Supplied material Block Start
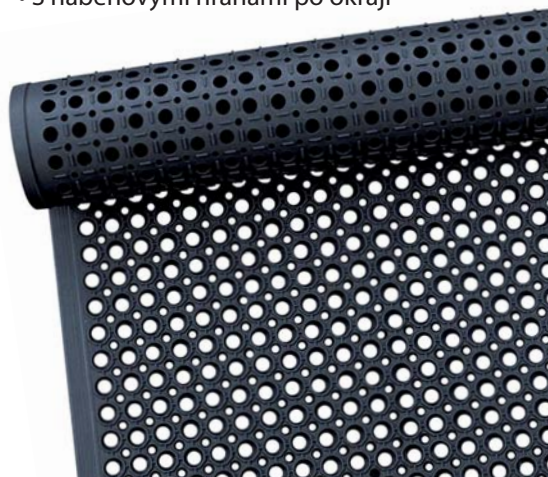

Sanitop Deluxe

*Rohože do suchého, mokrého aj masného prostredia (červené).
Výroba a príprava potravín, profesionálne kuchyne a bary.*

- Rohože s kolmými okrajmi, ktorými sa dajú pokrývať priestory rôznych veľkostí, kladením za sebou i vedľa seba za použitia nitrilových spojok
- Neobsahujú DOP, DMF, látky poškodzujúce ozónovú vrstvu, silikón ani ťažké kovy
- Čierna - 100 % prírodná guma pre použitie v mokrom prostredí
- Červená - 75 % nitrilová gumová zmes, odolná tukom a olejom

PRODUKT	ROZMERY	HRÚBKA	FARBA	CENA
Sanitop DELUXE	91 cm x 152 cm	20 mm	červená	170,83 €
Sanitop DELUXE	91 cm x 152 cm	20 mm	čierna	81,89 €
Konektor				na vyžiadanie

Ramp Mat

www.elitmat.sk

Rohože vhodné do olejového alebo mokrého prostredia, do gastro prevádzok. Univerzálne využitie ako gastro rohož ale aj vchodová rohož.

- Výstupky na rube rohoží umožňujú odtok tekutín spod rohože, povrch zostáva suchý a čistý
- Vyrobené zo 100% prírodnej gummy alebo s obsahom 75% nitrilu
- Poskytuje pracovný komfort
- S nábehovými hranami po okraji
Supplied material Block End
▸ **What is expected**:
In the records above, count the lines that contain the word "Sanitop" and state only that count.

▸ **Completed exercise**:
3